The Missing Costing Data
Donors make scarce development funding decisions based on cost-effectiveness analyses, which rely on cost data as the first essential input. Yet cost data is available in only roughly 20% of published impact evaluations. This enormous gap in available cost evidence leaves policymakers mostly guessing about the cost-effectiveness of development interventions. A program could show strong effects on key outcomes but be far more or less cost-effective than a comparable alternative. Without cost data, it is impossible to know which would produce the most impact per dollar.
CEGA’s Cost Effectiveness program works to fill this evidence gap by establishing reporting standards for prospective studies and by developing tools to help researchers capture cost data systematically including through a costing pre-analysis plan.

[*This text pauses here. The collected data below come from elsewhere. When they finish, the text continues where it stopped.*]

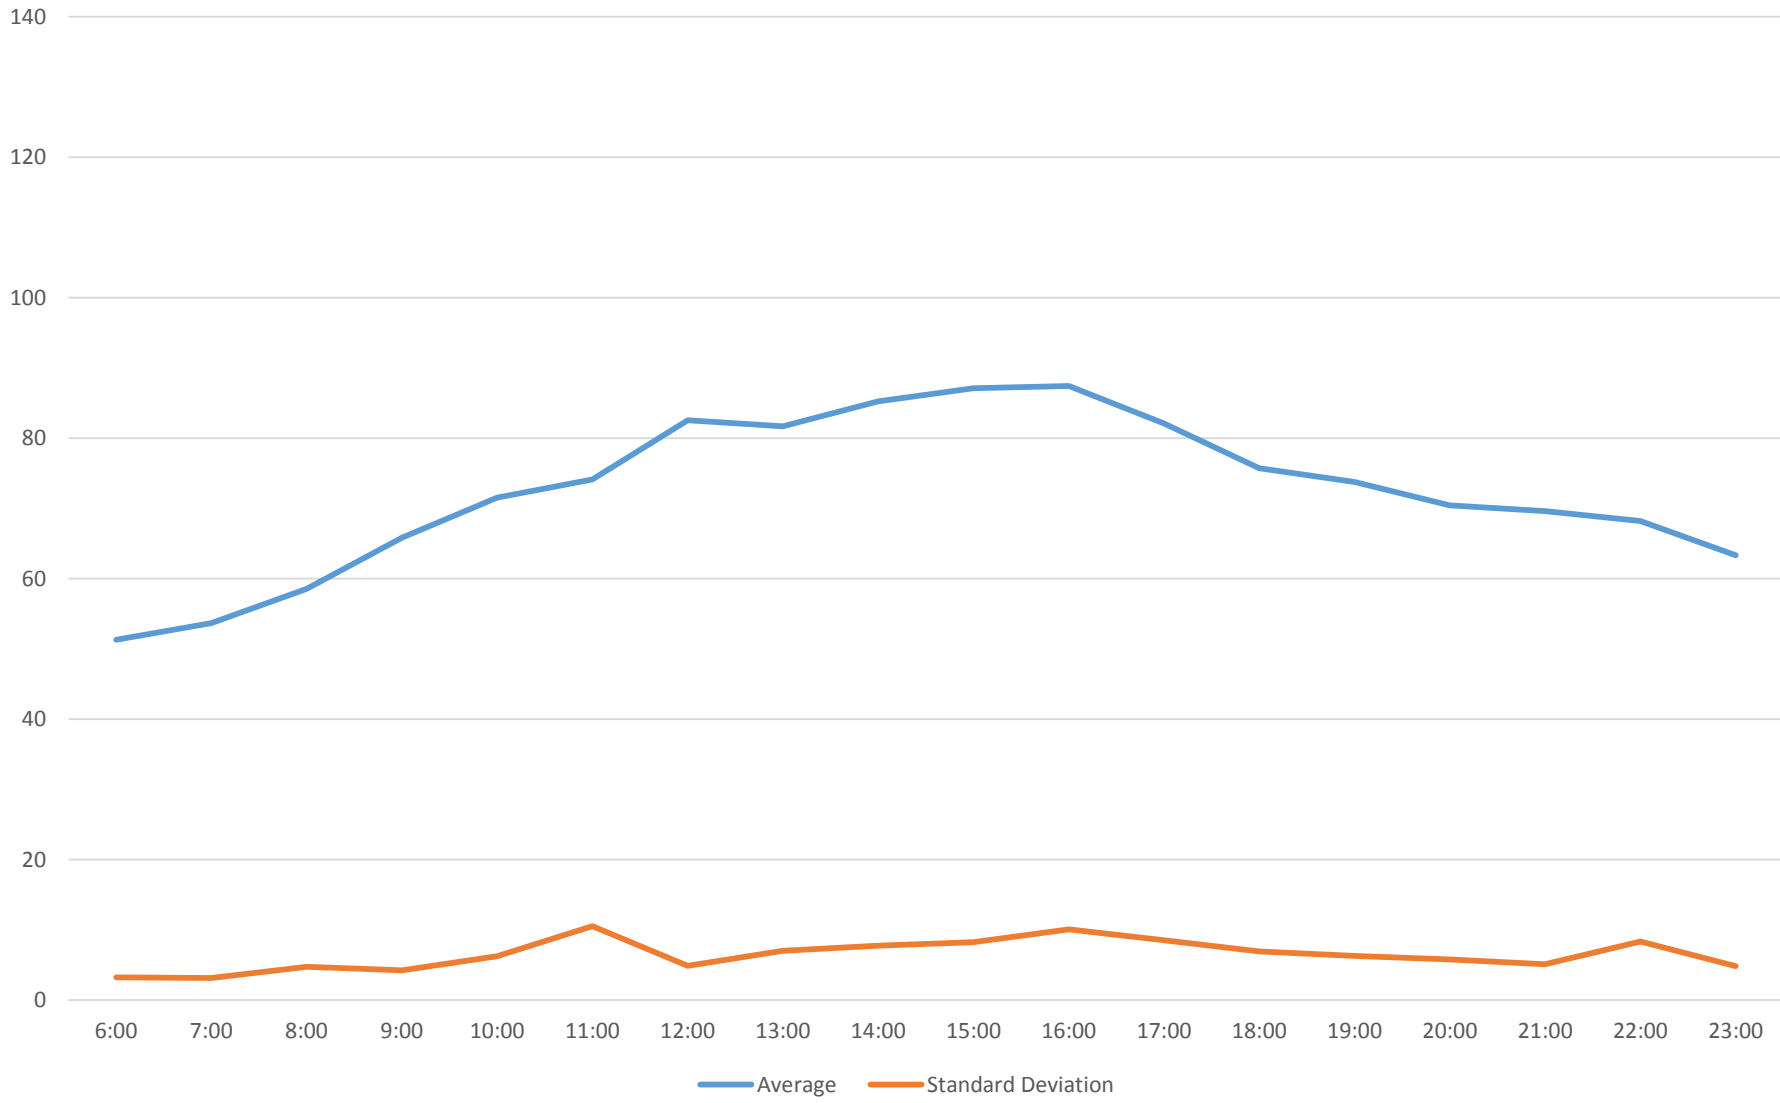

501 Queen Link Times From Queensway Humber To Silver Birch Ave. Eastbound May 2015

501 Queen Link Times From Queensway Humber To Silver Birch Ave. Eastbound May 2015

501 Queen Link Times From Queensway Humber To Silver Birch Ave. Eastbound May 2015

501 Queen Link Times From Queensway Humber To Silver Birch Ave. Eastbound May 2015

501 Queen Link Times From Queensway Humber To Silver Birch Ave. Eastbound May 2015 Weekday Statistics

501 Queen Link Times From Queensway Humber To Silver Birch Ave. Eastbound May 2015 Saturday Statistics

501 Queen Link Times From Queensway Humber To Silver Birch Ave. Eastbound May 2015 Sunday Statistics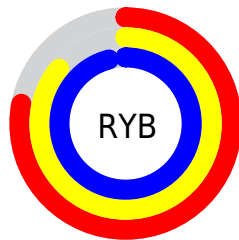

- Red (78%)
- Yellow (86%)
- Blue (96%)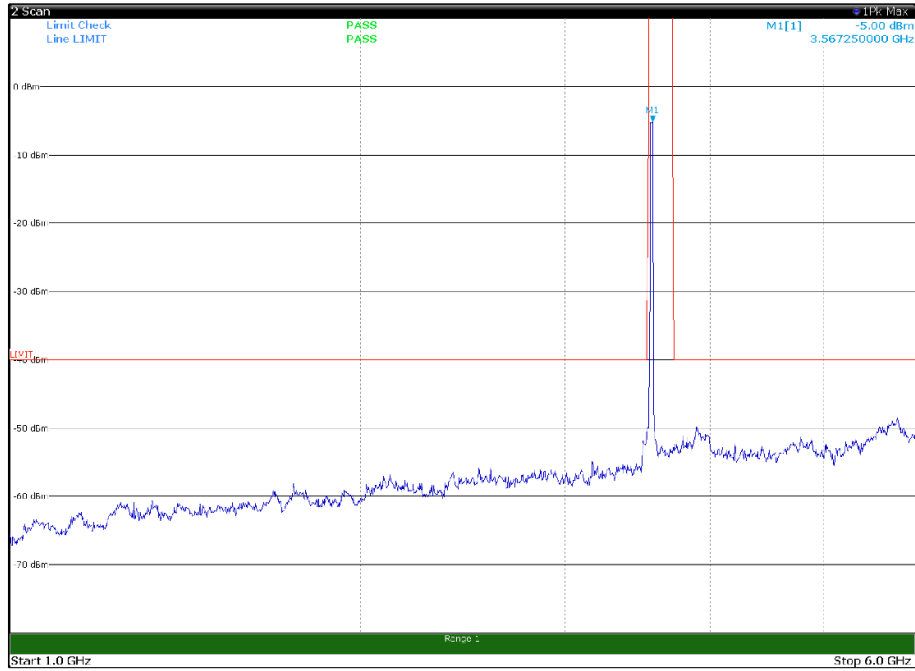

Channel: BOTTOM, Modulation: QPSK,
BW=20MHz, Range: 30MHz- 1GHz, Polarization: Vertical

Channel: BOTTOM, Modulation: QPSK,
BW=20MHz, Range: 1GHz -6GHz, Polarization: Horizontal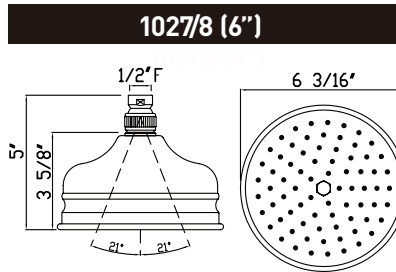

For warranty or additional information, contact:

U.S.A.
houseofrohl.com/support
1-800-777-9762

QUEBEC / MARITIMES / WESTERN CANADA
houseofrohl.ca/support
1-866-473-8442

ONTARIO
houseofrohl.ca/support
1-800-287-5354

In addition, CEGA has developed a method of cost harmonization and predictive modeling that makes more efficient use of the available cost information reported in studies when cost evidence is sparsely reported.
As researchers adapt and use these cost reporting standards, CEGA will be able both to model and predict costs for a larger number of studies in meta-analysis and contribute these estimates to publicly-available data sets.
Using AI to Unlock Evidence Aggregation at Scale
Meta-analysis is the gold standard for generating the highest quality evidence of impact. By pooling effect size estimates across multiple studies, meta-analyses generate more statistically robust and generalizable conclusions than any single evaluation can provide. But conducting a rigorous meta-analysis remains resource-intensive. Extracting effect size data from dozens or hundreds of papers — each with different structures, outcome definitions, and reporting formats — requires substantial time and labor. The resources required present a barrier to how often meta-analyses get done and how quickly the field can synthesize accumulated evidence.
CEGA is working to lower that barrier. Alongside the Global Poverty Research Lab (GPRL) at Northwestern University, CEGA is leveraging the metadata schema, co-developed with the World Bank, AidGrade, and other partners, to automate data extraction with LLMs. This automated tool reduces the resources required to conduct a meta-analysis and makes it possible to construct large, open access datasets of outcomes from social science papers.
Individually, each of these three efforts addresses a specific gap in the development evidence pipeline. Together, they address different aspects of the research process — study design, results reporting, and evidence aggregation and synthesis — that must all improve in order to fully leverage the insights of existing international development research.